Por outro lado, a Contabilidade no ABC alerta que há sim a possibilidade de que este sistema ocasione processos trabalhistas, pois caso a compensação do banco de horas não seja realizada dentro de seis meses, o colaborador poderá acionar a Justiça do Trabalho contra a empresa.

Além disso, ainda existe a possibilidade de que este tipo de regime de compensação não atraia o perfil profissional que você almeja para sua empresa.

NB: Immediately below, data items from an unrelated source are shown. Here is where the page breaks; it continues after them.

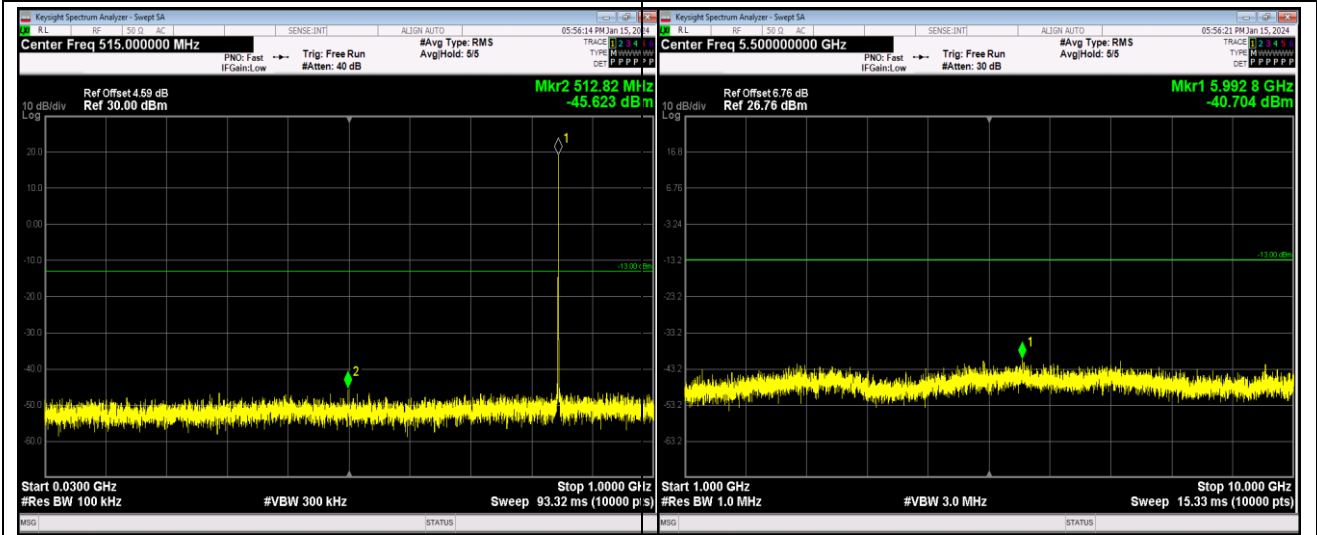

Band5-1.4MHz-16QAM-20643-1RB#0-Range1:30~1000MHz

Band5-1.4MHz-64QAM-20407-1RB#0-Range2:1000~10000MHz

Band5-1.4MHz-16QAM-20643-1RB#0-Range2:1000~10000MHz

Band5-1.4MHz-64QAM-20407-1RB#0-Range1:30~1000MHz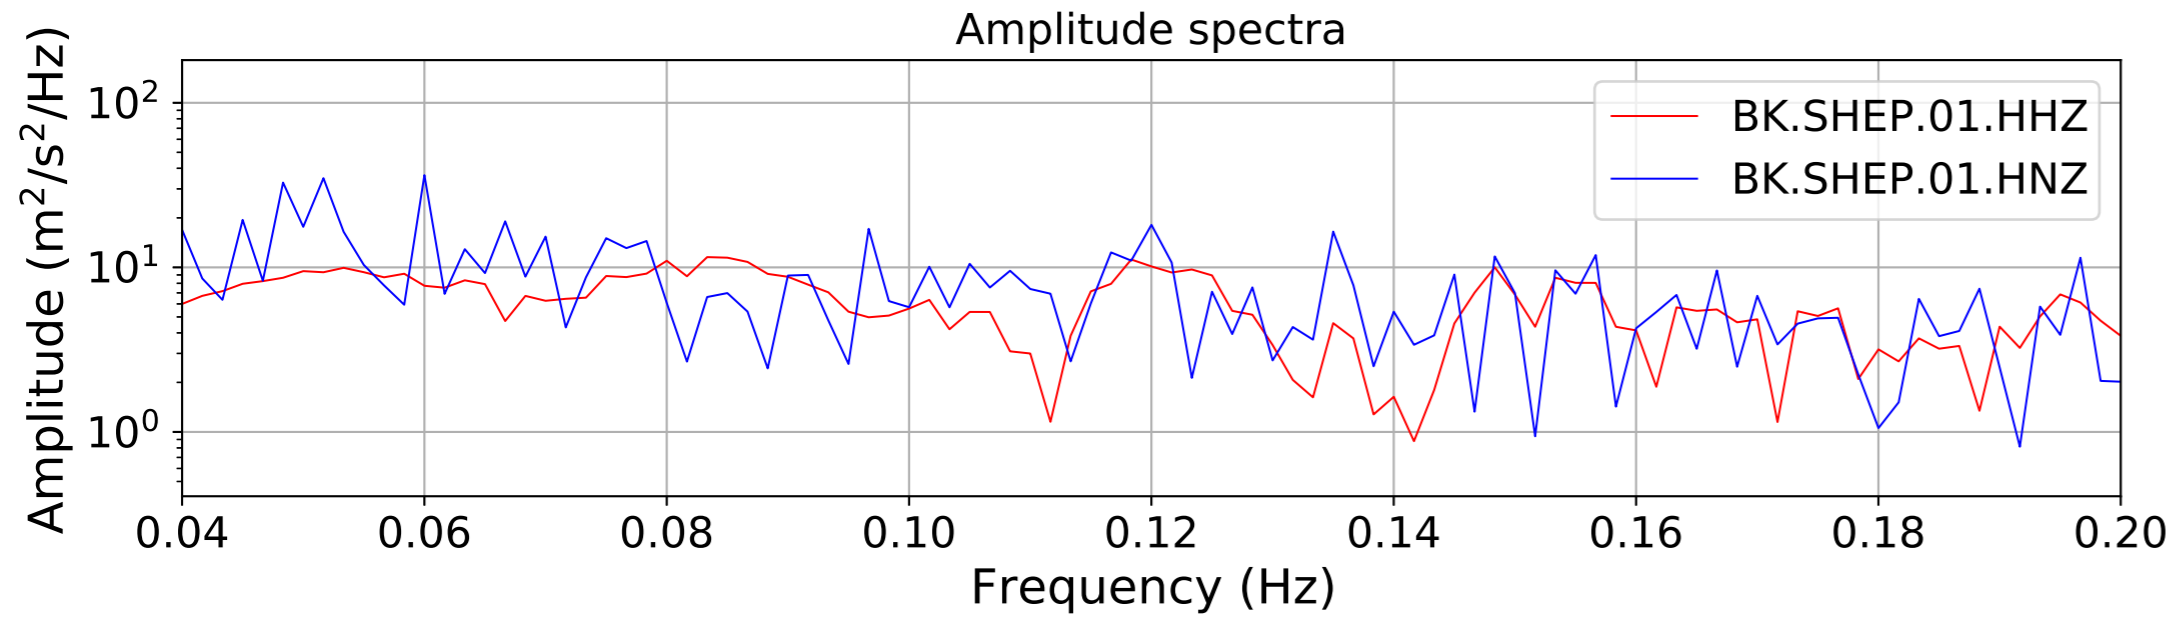

2024.340.184421_M7.0_nc75095651
Origin Time:2024-12-05T18:44:21.110000Z USGS event-id:nc75095651
M7.0 2024 Offshore Cape Mendocino, California Earthquake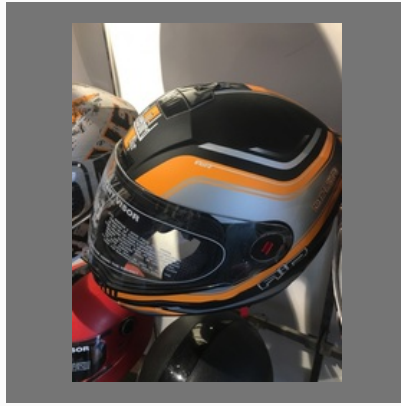

# Moto World

<https://www.indiamart.com/moto-world-chennai/>

**OTHER PRODUCTS**

Products

Steelbird Helmet

Steelbird Helmets

Men Steelbird Helmets

Ladies Steelbird Helmets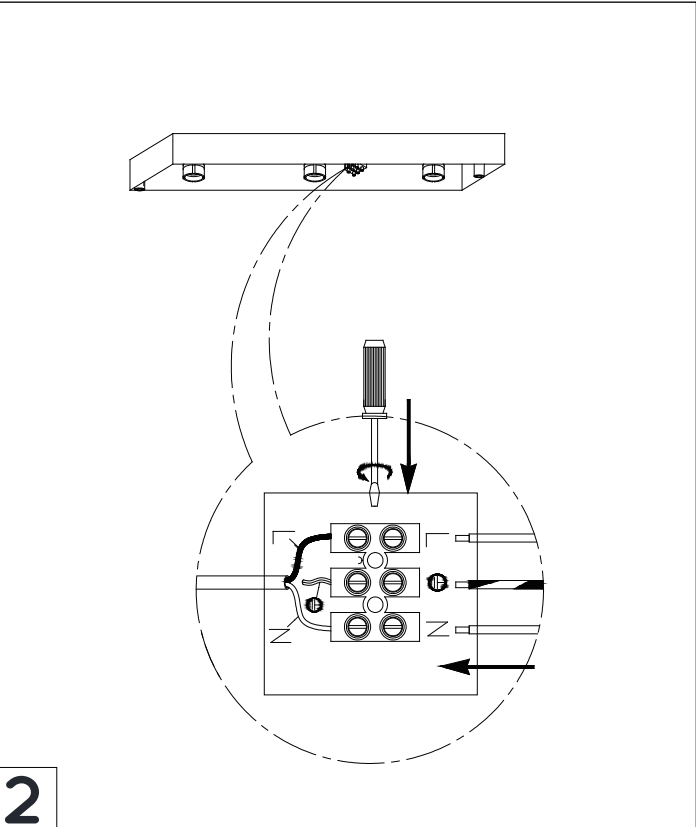

**RECOMMENDED LUCIDE
LIGHT SOURCE**

49009/05/30
Light source dimmable.:Yes
Light source incl.: No

General

Dimensions lxwxh : 35x13x8 cm
Height minimum : 8cm
Height maximum : 8cm
Dimensions shade lxwxh : 35x13x4.5 cm
Main material : metal+glass
Ceiling rose material : metal
Color : Black
Style : Modern
Shape : Rectangle
Weight : 1 kg
Warranty : 3 years

Product specifications

Dimmable : No dimming
Light direction : Down light
Adjustable in height : No
(Before Installation)
Directional : Yes
Cable : No
Cable length : -
Sensor : No
Control : Light switch control
IP-Class : 20
Electric class : 1
Light source including ? : **No**
Lamp socket : GU10
Light source number : 3PCS GU10 LED 5W
Power requirements : 220-240V~50Hz
Bulb type & maximum wattage : LED 3*5W

For more specifications of this product please visit
www.lucide.com

OKNO

item number : 79181/03/30

EAN code : 5411212791733

LUCIDE

INSTALLATION DRAWING SPECIFICATIONS

1	2
3	4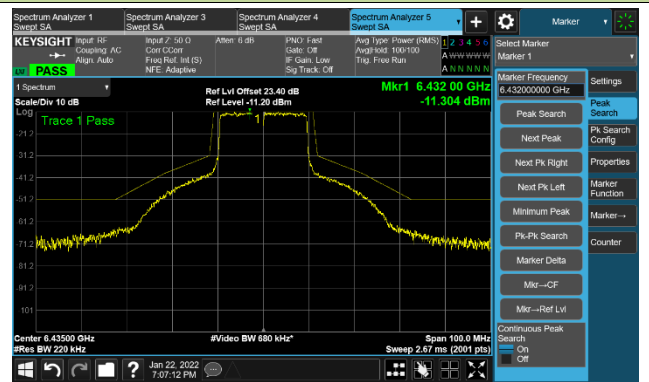

Channel 229 (7095MHz)

The Reference Level

The Mask Data

802.11ax-HE20 – Ant 3

Channel 01 (5955MHz)

The Reference Level

The Mask Data

Channel 49 (6195MHz)

The Reference Level

The Mask Data

Channel 93 (6415MHz)

The Reference Level

The Mask Data

802.11ax-HE20 Ant 3

Channel 97 (6435MHz)

The Reference Level

The Mask Data

Channel 105 (6475MHz)

The Reference Level

The Mask Data

Channel 113 (6515MHz)

The Reference Level

The Mask Data

802.11ax-HE20 Ant 3

Channel 117 (6535MHz)

The Reference Level

The Mask Data

Channel 149 (6695MHz)

The Reference Level

The Mask Data

Channel 181 (6855MHz)

The Reference Level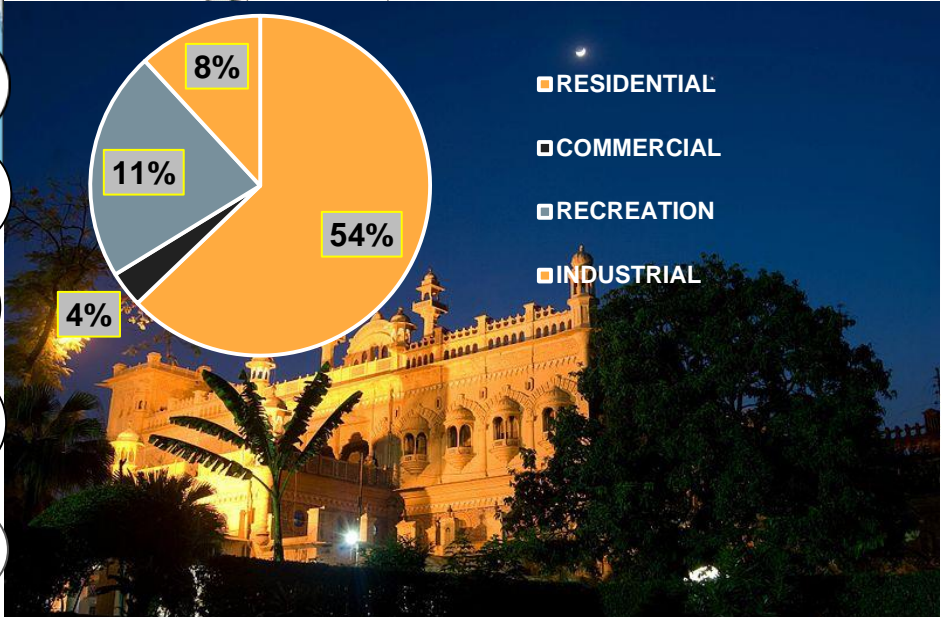

SWACH BHARAT RANKING 465

SEWERAGE COVERAGE AREA% 70%

SLUM w.r.t. POPULATION% 36.09%

ECONOMY OF MEERUT

- RESIDENTIAL
- COMMERCIAL
- RECREATION
- INDUSTRIAL

OCCUPATIONAL CLASSIFICATION

MONREEN MOHANTY  
 UMG170018  
 MBA-UMG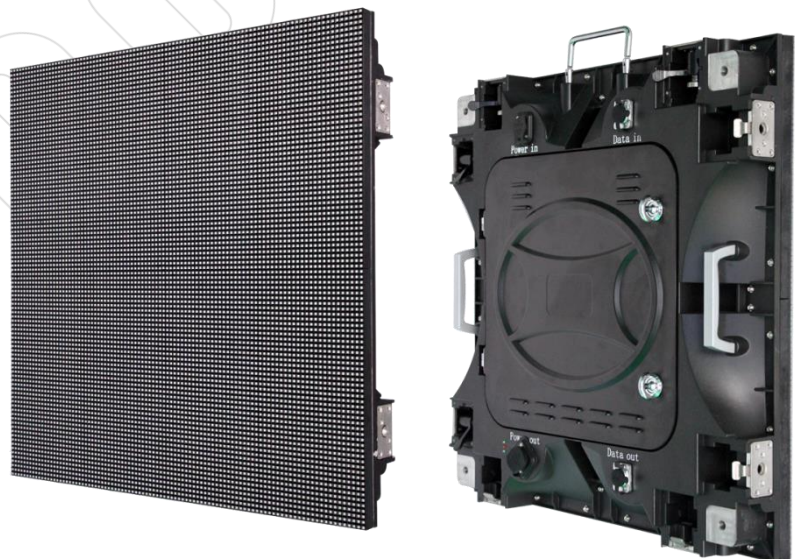

A clear and vivid color display, good appearance. Light-weight.

It's revolutionary design makes it the ideal solution for large events, exhibitions, broadcasting and concert tours.

Feature:

Certificates:

Feature:

Various choices with tighten pitch for outdoor:

P6\P8\P10 outdoor SMD technology available from 5000~6500nits to match outdoor application;

Precisely cabinet:

Aluminum die-casting cabinet with CNC machined aligning corner, ensure no gaps between cabinets;

Integrated and visual operation:

All the controllable devices such as display, video processor, matrix switching equipment, camera, multi-function equipment ect could whole package or optional,

PRODUCT SPECIFICATION

Item	Rental & Events		
	ODC-6S	ODC-8S	ODC-10S
Model	ODC-6S	ODC-8S	ODC-10S
Pixel Pitch (mm)	6	8	10
Pixel Density (dot/m ²)	27,777	15,625	10,000
LED Type	SMD3535	SMD3535	SMD3535
Module Size (W x H x D)mm	288 x 288 x 20	320 x 320 x 20	320 x 320 x 20
Module Resolution (W x H)	48 x 48	40 x 40	32 x 32
Module Weight (Kg)	0.54	0.995	1.06
Power Consumption per Module (W)	25	60	65
Driver Mode (Scan)	1/8	1/5	1/4
Brightness (cd/m ²)	≥5,500	≥5,500	≥5,500
Grey Scale (bits)	14	14	14
Refresh Rate (Hz)	≥960	≥960	≥960
Cabinet Size (W x H x D)mm	576 x 576 x 85	640 x 640 x 90	640 x 640 x 90
Cabinet Resolution (W x H)	96 x 96	80 x 80	64 x 64
Cabinet Weight (Kg/m ²)	35	43	43
Max Power Consumption (W/m ²)	≤550	≤700	≤760
Average Power consumption (W/m ²)	360	315	342
Viewing Angle	Degree: H	140°	
	Degree: V	140°	
Mini View Distance (m)	6	8	10
Use Temperature(°C)	Operating	-10°C~40°C/14°F~104°F	
	Storage	-20°C~50°C/-4°F~122 °F	
Input Voltage	100~240V		
Input Power Frequency (Hz)	50Hz-60Hz		
Failure Rate	<1/100,000		
Signal Input Format	SDI, RGBHV, YUV,YC, Composite, HDMI,DVI, SD/HD-SDI etc.		
Life Time (hrs)	100,000		
IP Level (Front / Rear)	IP65 / IP43		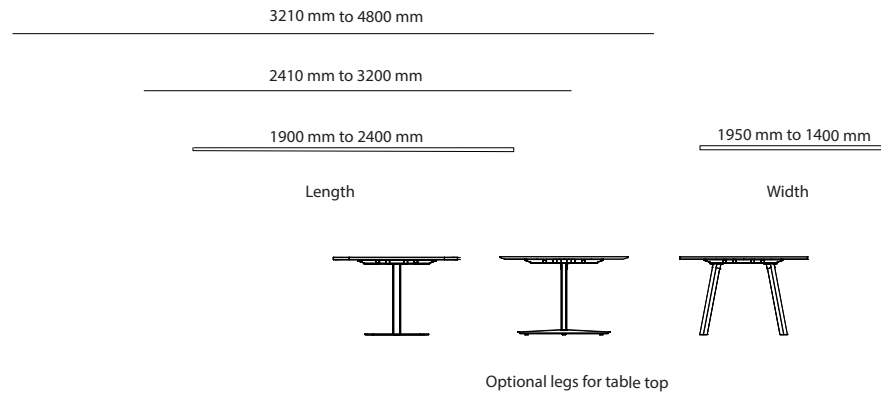

CHOICE CONFERENCE

Rectangular

Corner radius 150 mm

SURFACE LAYER/COLOUR

Desktop	HPL	Veneer (width < 1101 mm)	Stained Veneer (width < 1101 mm)
Beige	White	Birch	White Ash
Light grey	Light grey	Oak	Black
Black	Dark grey		
	Black		
	All other materials and colors are offered separately

Já para os funcionários, as vantagens e caracterizam por:

– Liberdade para se ausentar por razões que não possuam relação com o trabalho;
– Menor risco de ser demitido.

O que sustenta as vantagens acima, é a flexibilidade que o banco de horas proporciona, uma vez que ao adotá-lo, o funcionário dispensa a obrigatoriedade de apresentar atestado médico, por exemplo. Além disso, por conta da maleabilidade de horários, a empresa raramente necessita realizar demissões quando a demanda diminui.

Em contrapartida, com a adesão deste tipo de compensação, o funcionário perde a oportunidade de aumentar sua renda mensal e o 13º salário.

HORA EXTRA:

Esse é o modelo de funcionamento mais comum nas empresas nacionais. Logo, quando os colaboradores trabalham horas além do seu expediente ordinário, elas são recebidas imediatamente no próximo pagamento de acordo com o cálculo realizado sobre o contracheque. Assim, não há compensação em folgas, mas sim um acréscimo no salário referente àquele período.

Para as empresas, as vantagens desta modalidade de regime de compensação se evidenciam pela eliminação das chances de processos trabalhistas advindos de disparidades de compensações e atração de profissionais qualificados, mas que prezam pela questão financeira.

A maior desvantagem está relacionada ao impacto financeiro para a empresa, uma vez que se não houver um planejamento eficiente, em um mês com elevado número de horas extras, o caixa da empresa será afetado.

Já para os funcionários, o acréscimo ao 13º e a possibilidade de elevar seus ganhos mensais, são as principais vantagens deste modo de compensação pelo trabalho excedido. As desvantagens envolvem ter menos liberdade para se ausentar do trabalho em caso de alguma necessidade e eventual sobrecarga de trabalho.

Para definir qual é a melhor opção para sua empresa, você deve contar a assessoria da contabilidade no abc, esta irá levar em consideração o orçamento disponível no seu caixa, a rotina dos trabalho e colaboradores dentro da sua empresa e um controle das horas trabalhadas.

Ambos os recursos são excelentes alternativas, desde que se encontrem na realidade da sua companhia e que a escolha entre eles seja feita com parcimônia e inteligência.